Task instructions
Reproduce the records that follow in full, excluding any picture they contain.

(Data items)
--- START ---
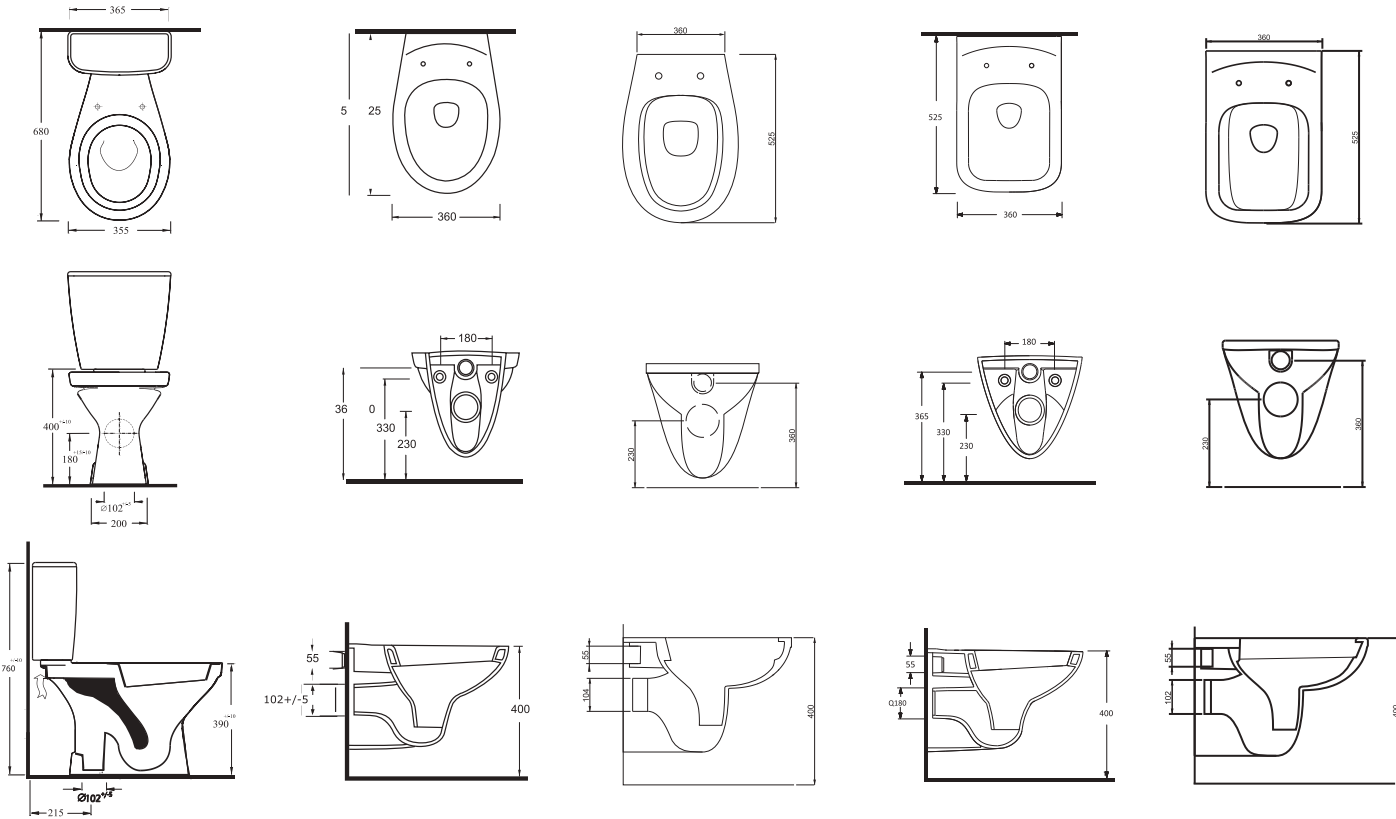

S-trap closed coupled WC compatible with 14104.

Era Wall-Hung WC compatible with concealed cistern.

Rimless Wall-mounted WC compatible with concealed cistern.

Olympos Wall-Hung WC compatible with concealed cistern.

Rimless Wall-mounted WC compatible with concealed cistern.

TEKNİK ÇİZİM | Technical Drawing
--- END ---
Written answer
S-trap closed coupled WC compatible with 14104.

Era Wall-Hung WC compatible with concealed cistern.

Rimless Wall-mounted WC compatible with concealed cistern.

Olympos Wall-Hung WC compatible with concealed cistern.

Rimless Wall-mounted WC compatible with concealed cistern.

TEKNİK ÇİZİM | Technical Drawing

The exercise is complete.